**TASK TO COMPLETE**
Images are to be left out when the records below are printed word for word.

------------------------------------------------

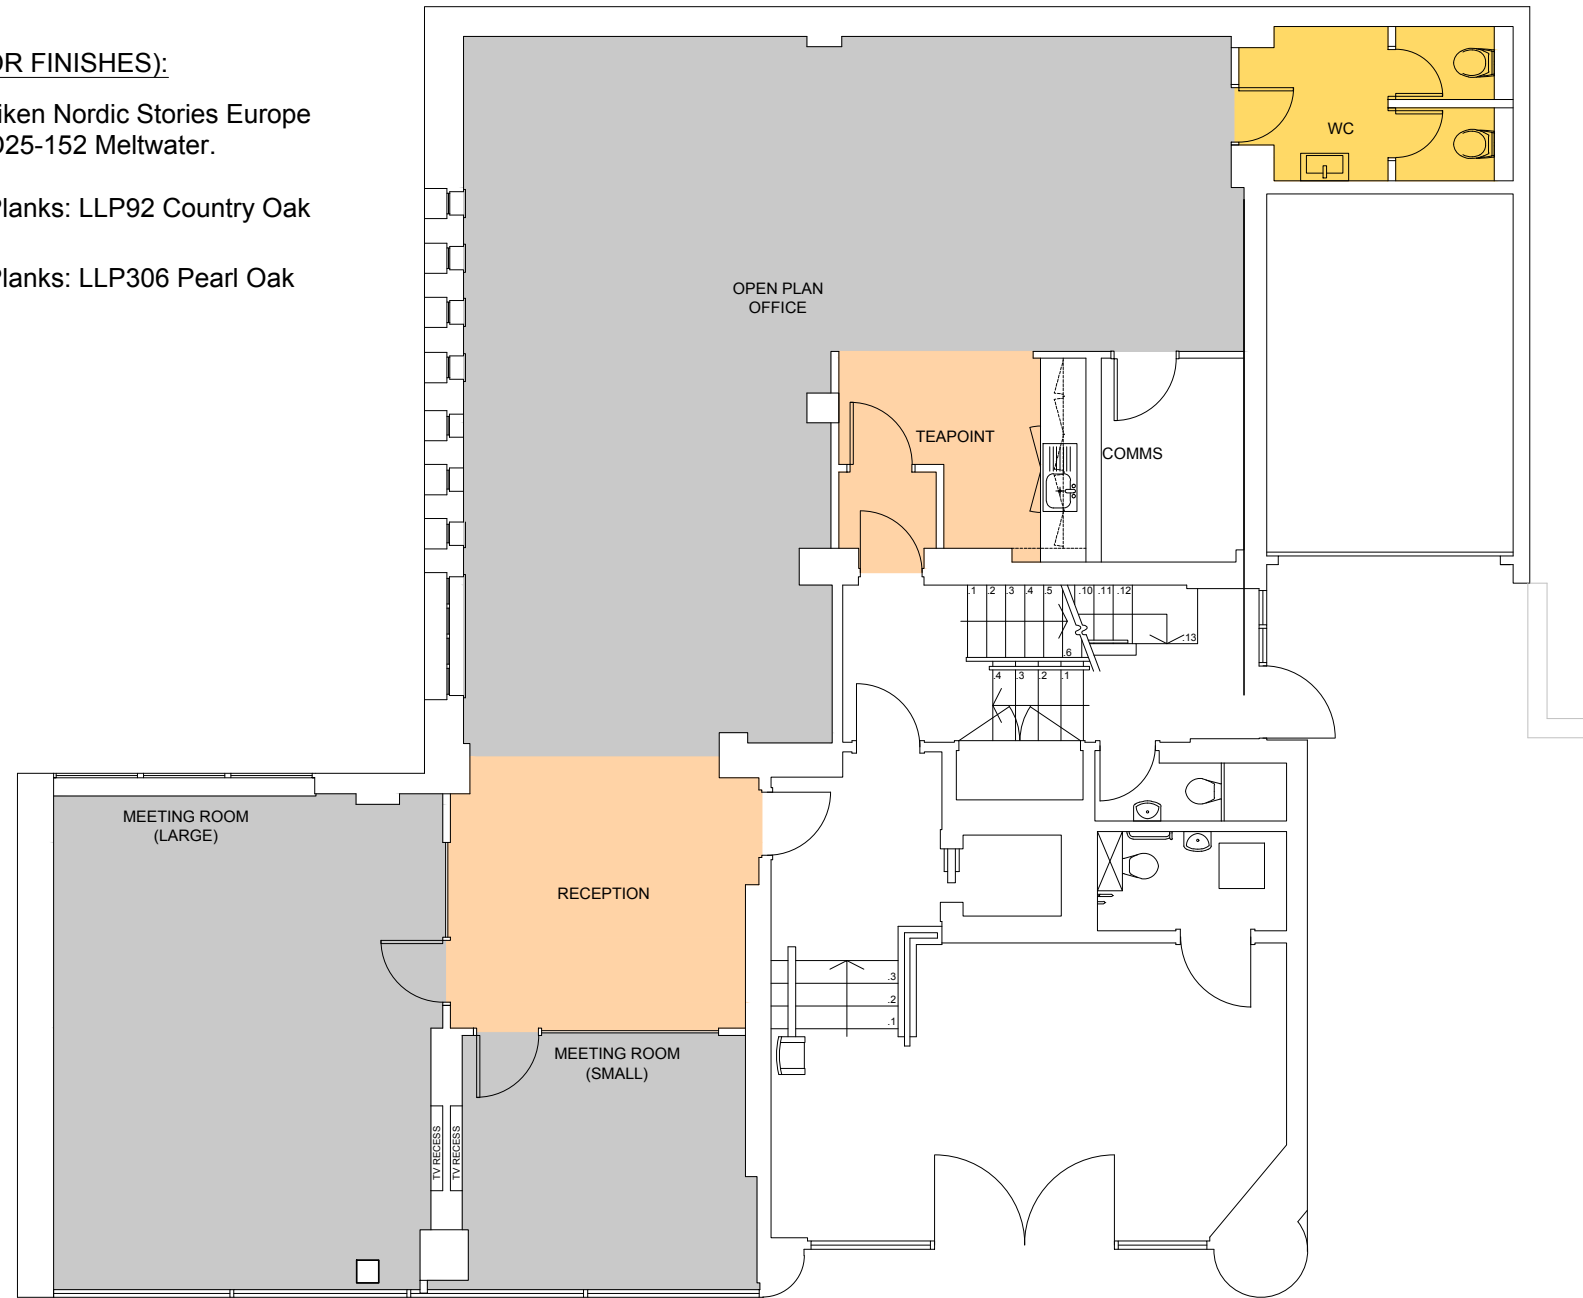

- KEY (FLOOR FINISHES):**
- Carpet: Milliken Nordic Stories Europe Isograd IGD25-152 Meltwater.
 - Karndean Planks: LLP92 Country Oak
 - Karndean Planks: LLP306 Pearl Oak

address 16 ST. CLARE STREET LONDON EC3N 1LQ	location GROUND FLOOR PROPOSED FLOOR FINISHES	date MAR. 2021	scale 1:100	sheet A3	Camino Interiors Ltd Endeavour House 3rd Floor Coopers End Road Stansted, Essex CM24 1SJ Tel: 01279 822 066 Web: www.caminointeriors.co.uk	
		dwg no. P03	revision -

------------------------------------------------

**OUTPUT BELOW**
- KEY (FLOOR FINISHES):**
- Carpet: Milliken Nordic Stories Europe Isograd IGD25-152 Meltwater.
 - Karndean Planks: LLP92 Country Oak
 - Karndean Planks: LLP306 Pearl Oak

address 16 ST. CLARE STREET LONDON EC3N 1LQ	location GROUND FLOOR PROPOSED FLOOR FINISHES	date MAR. 2021	scale 1:100	sheet A3	Camino Interiors Ltd Endeavour House 3rd Floor Coopers End Road Stansted, Essex CM24 1SJ Tel: 01279 822 066 Web: www.caminointeriors.co.uk	
		dwg no. P03	revision -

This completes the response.